Myths About Calories You Should Stop Believing

Calories are often vilified among the health conscious, but in reality, they are just a simple unit of energy. According to an article from The Journal of Nutrition, calories were originally defined in terms of the heat required to raise the temperature of water. More specifically, one Calorie (with an uppercase C) is the "heat needed to raise the temperature of 1 kilogram of water from 0 to 1 degrees" Celsius. As the authors explain, a Calorie with an uppercase C is the same as a kilocalorie, and this is the unit of energy used on U.S. nutrition labels. 

Meanwhile, the National Health Service of the U.K. says this unit is often abbreviated as "kcal" on nutrition labels in the U.K. By contrast, Healthline explains that "small calories" (with a lowercase C) refer to the amount of heat needed to raise 1 gram of water by 1 degree Celsius. In general, when you see the word "calories" in reference to food, you can assume this means kilocalories or "large calories," even if the word isn't capitalized.

Calories are found in the macronutrients of food: carbohydrates (carbs), proteins, and fats. The National Agricultural Library of the United States Department of Agriculture states that carbs and proteins each have 4 calories per gram, while fats have 9 calories per gram. However, as an article from Scientific American explains, these numbers are estimates at best. Read on to see some common myths about calories debunked.

Myth: Calorie labels are 100% accurate

If you think nutrition labels can tell you exactly how many calories are in a given food, think again. The U.S. Food and Drug Administration allows for a 20% "margin of allowance" for calories and macronutrients on nutrition labels. This means, for instance, that a food product that claims it has 100 calories may have as many as 120 calories and still be in compliance with the FDA rule. And packaged foods often do have more calories than their nutrition labels claim. A study from the journal Obesity that tested a sample of packaged snack foods found that the actual number of calories in these foods was about 4.3% higher than what was stated on the packages — well within the margin of error that the FDA allows.

In fairness, this isn't necessarily a result of food companies trying to deceive consumers. Estimating the number of calories in any given food is not a trivial task. An article from Scientific American explains modern calorie counts are based on a system developed in the 19th century by American chemist Wilburn Olin Atwater that's never really been updated and can only give us estimates of the number of calories in our food. For instance, these estimates don't take into account whether or not a food is cooked or raw, but this makes a big difference in terms of the number of calories we're able to absorb from the food.

Myth: Counting calories helps with weight loss

While you now know that calorie counts on food labels are estimates and don't necessarily reflect the exact number of calories in a given food, this is not the only reason calorie counting isn't the most effective way to lose weight. As an article from Harvard Health explains, even the most careful calorie calculations don't necessarily give you predictable results. In other words, even if you were able to control the exact number of calories you were consuming, this still wouldn't guarantee weight loss. Factors such as how the food is prepared, the composition of your gut microbiome (the collection of bacteria that live in your gastrointestinal tract), your metabolism, and your activity level all affect how many calories you actually absorb from the food you eat.

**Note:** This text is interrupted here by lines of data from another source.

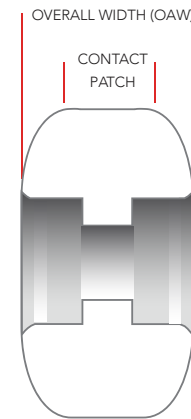

C A S P E R B R O O K E R

T E C H N O L O G Y

TESTED, DIALED, RE-TESTED, FINISHED

ROUND CUT

Time tested and proven, classic shape, tuned for destruction, performance and a controlled slide.

FUNNEL SHAPE

A wider overall width with a conical cut shape, brings more traction and more ground coverage with superior response.

ROUND CUT (SLIM) \bar{S}

Slightly slimmer version of our standard round cut wheel, a tighter width and skinnier contact patch for a lighter faster wheel.

ROUND CUT (FULL) \bar{F}

Wide body version of our tried and true Round Cut shape, offering a little more stability and distance with every push.
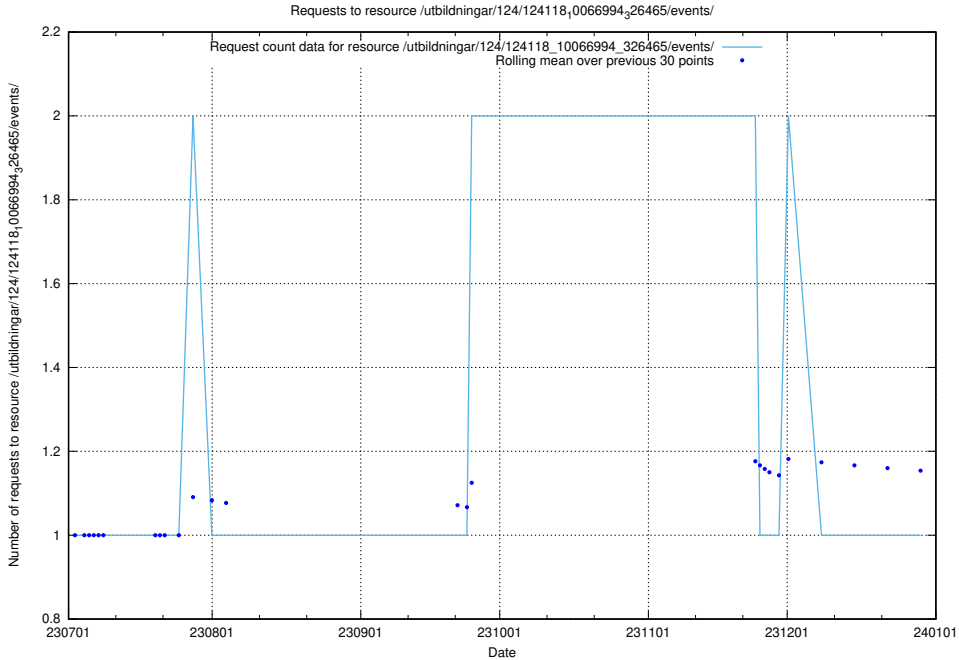

5.4989 Usage of /utbildningar/124/124118_10066994_326465/events/

Here, we count the number of requests to resource /utbildningar/124/124118_10066994_326465/events/
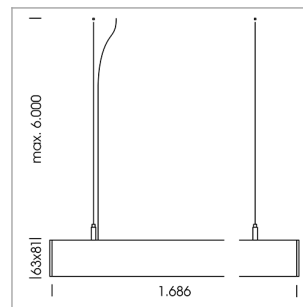

beledi XS

Article number: 70600720

LIGHT TECHNOLOGY

LED	SMD linear
Light colour	830
Luminous flux	6000 lm
System power	40.5 W
Luminaire Efficiency	148 lm/W
Reflector	WideBeam
Beam angle	90°

LUMINAIRE

Weight	3.2 kg
Protection rating . class	IP 40 . I
Luminaire colour	black

OPCJA

Mounting Accessories

Light band with LED, rated life of the LED L80/B50 > 50000 h, colour rendering index CRI > 80, reflector with homogeneous light distribution pattern, lens optics made of PMMA, luminaire insert sheet steel, powder-coated, black

Dr. Fatima Cody Stanford, obesity specialist and assistant professor of medicine and pediatrics at Harvard Medical School, says in the article from Harvard Health, "This idea of 'a calorie in and a calorie out' when it comes to weight loss is not only antiquated, it's just wrong." She further advises those who are looking to lose weight to, "Drop the calories notion." Instead, she suggests focusing on diet quality and making sustainable changes to both your diet and activity levels rather than stressing about calories.

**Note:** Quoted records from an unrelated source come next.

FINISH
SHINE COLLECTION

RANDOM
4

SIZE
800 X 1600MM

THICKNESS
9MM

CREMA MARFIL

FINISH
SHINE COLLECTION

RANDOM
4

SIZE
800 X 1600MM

Myth: All calories are equal

People who count calories tend to make the mistake of assuming all calories are equal, but they're not. This is to say that two different foods with the same number of calories won't necessarily be digested in the same way, according to an article from Scientific American.

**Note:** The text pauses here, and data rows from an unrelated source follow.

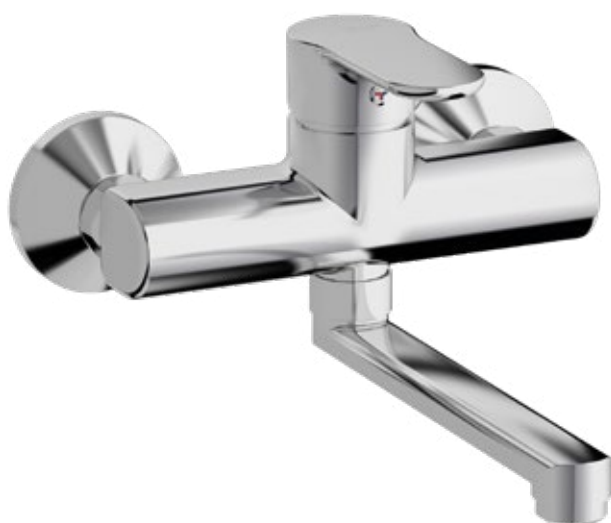

Cartridge Ø 35 mm

Art.	Cod.	Leva Lever	Prezzo € Price €
K30	411650903	 CROMO	

Ricambi Spare parts

 412960051

 412960069

CUCINA KITCHEN

NEW

ELEVEN COLLECTION
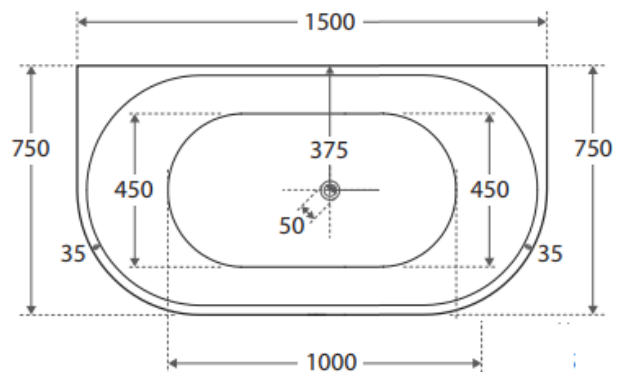

BATHTUB

CASSA EGG SHAPE 1530MM			CASSA EGG SHAPE 1690MM		
PART NO.	DESCRIPTION	RRP	PART NO.	DESCRIPTION	RRP
BT-EL1500	1530x770x550mm Bathtub	\$	BT-EL1700	1690x800x550mm Bathtub	\$

CASSA EGG SHAPE 1530MM MATTE WHITE

AURIS CORNER BACK TO WALL 1500MM-L/H CORNER

PART NO.	DESCRIPTION	RRP	PART NO.	DESCRIPTION	RRP
BT-NA1500RH	1500x750x600mm Bathtub Right Hand Side Corner	\$	BT-NA1500LH	1500x750x600mm Bathtub Left Hand Side Corner	\$

AURIS CORNER BACK TO WALL 1700MM-R/H CORNER

AURIS CORNER BACK TO WALL 1700MM-L/H CORNER

PART NO.	DESCRIPTION	RRP	PART NO.	DESCRIPTION	RRP
BT-NA1700RH	1700x780x600mm Bathtub Right Hand Side Corner	\$	BT-NA1700LH	1700x780x600mm Bathtub Left Hand Side Corner	\$

AURIS ROUND BACK TO WALL 1500MM

AURIS ROUND BACK TO WALL 1700MM

PART NO.	DESCRIPTION	RRP	PART NO.	DESCRIPTION	RRP
BT-AU1500	1500x750x600mm Back To Wall Bathtub	\$	BT-AU1700	1700x780x600mm Back To Wall Bathtub	\$
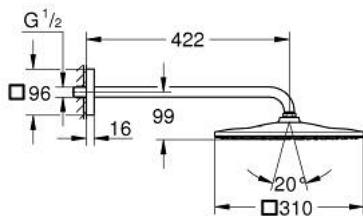

26 564 MS0 RAINSHOWER MONO 310 CUBE HEAD SHOWER SET 422 MM, 1 SPRAY

PRODUCT DESCRIPTION

- Colour: satin steel
- consisting of:
 - head shower Rainshower 310
 - spray pattern: GROHE PureRain
 - maximum flow rate (at 3 bar): 7.5 l/min
 - shower arm 422 mm
- GROHE EcoJoy - less water, perfect flow
- GROHE DreamSpray - perfect spray pattern
- GROHE LongLife finish
- GROHE SpeedClean - effortless limescale removal
- Inner WaterGuide - inner insulation for surface protection
- suitable for instantaneous heater

26 564 MS0 **RAINSHOWER MONO 310 CUBE HEAD SHOWER SET 422 MM, 1 SPRAY**

SPARE PARTS

1: Fibre seal dia. Ø18.5 x Ø12 x 2 (Spare part-nr. 0138900M)

2: Dirt strainer (Spare part-nr. 48007000)
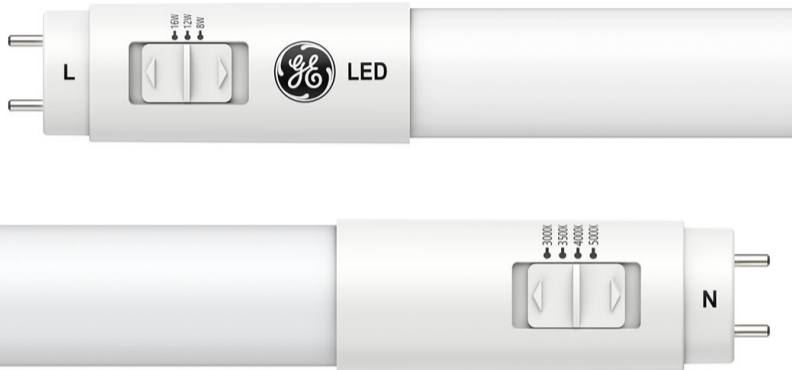

LEDLCBDT8/G2/8SC/120-347

LED Type B Double Ended T8 Glass Tubes

SKU # 93313567

SPECIFICATIONS

GENERAL

UL Type	Type B
Bulb Shape	T8
Bulb Base Type	G13
Voltage	120-347
Wattage	7 W/9 W/11
Operating Life	50,000 hr
Dimmable	No
Operating Temp	-20 to 45 °C
Warranty	7 year limited warranty

PHOTOMETRIC

Efficacy	136 LPW/128 LPW/123 LPW
Lumens	950 lm/1,150 lm/1,350 lm
CCT	3000 K/3500 K/4000 K/5000 K
CRI	80 CRI

DIMENSIONS

MOL	24 in
Diameter	1 in

RATINGS & CERTIFICATIONS

Safety Certifications	cULus
Energy Certifications	Yes, To check or confirm DLC QPL status, visit www.designlights.org/search
Location Ratings	Damp

PACKAGING INFO

Standard Pack Quantity	20
UPC	662049525533

Source URL: <https://www.led.com/catalog/led-type-b-double-ended-t8-glass-tubes-93313567>

A study from the American Journal of Clinical Nutrition helps illustrate this fact. In this study, participants were split into two groups. Both groups consumed the exact same controlled diet for 18 days, with one exception: One group consumed almonds, and the other didn't. Researchers then examined urine and fecal samples from all participants in order to determine how many calories were absorbed from the almonds, and what they found is that people who consumed almonds only absorbed an average of about 129 calories out of the 170 calories almonds are supposed to contain.

Biologically, this makes sense: The article from Scientific American explains certain macronutrients are more difficult to digest than others. For instance, it takes more energy (as much as five times more) to digest protein versus fat. This is due to the digestive system working harder to break down protein's amino acids. Similarly, this article claims fiber doesn't yield as many calories as other types of carbohydrates, because fiber is also difficult for your digestive system to break down. So, as almonds are high in both protein and fiber, we may not absorb all of their calories.

Myth: Your body absorbs every calorie that's in the food you eat

As you've seen, it's difficult to estimate the number of calories in a given food — but it's even harder to estimate the number of calories you're going to absorb from it, as explained by an article from Scientific American. Even if you knew the exact number of calories you were eating, the question of how many of those calories turn into usable energy for your body is another matter entirely.

The article from Scientific American explains why this is: While your body has an interest in absorbing as many calories as possible from food, the food may actually have its own agenda. For instance, the author observes that seeds ingested by birds often survive the birds' digestive system intact, which is in the best interest of the seeds. This means birds aren't absorbing all (or possibly any) of the calories the seeds contain. Likewise, humans don't always absorb all the calories food contains. Any action you take to process your food — chopping or cooking it, for instance — helps you absorb more calories. 

What's more, other factors like an individual's metabolism or food sensitivities can also affect calorie yields from food. As the Scientific American article bluntly points out, "One man's high-calorie latte is another man's low-calorie case of the runs."

Myth: High calorie foods are less healthy than low calorie foods

While companies often like to use the phrase "low-calorie" to make their food products sound healthy, the number of calories a given food contains is not a good measure of how healthy that food is, explains Harvard Health. In other words, a low-calorie food is not necessarily healthy, and a high-calorie food is not necessarily unhealthy. The Harvard Health article gives the example of comparing a sugary beverage to a handful of nuts: While the nuts likely contain more calories than the sugary beverage, no one would question whether or not they're the healthier option of the two.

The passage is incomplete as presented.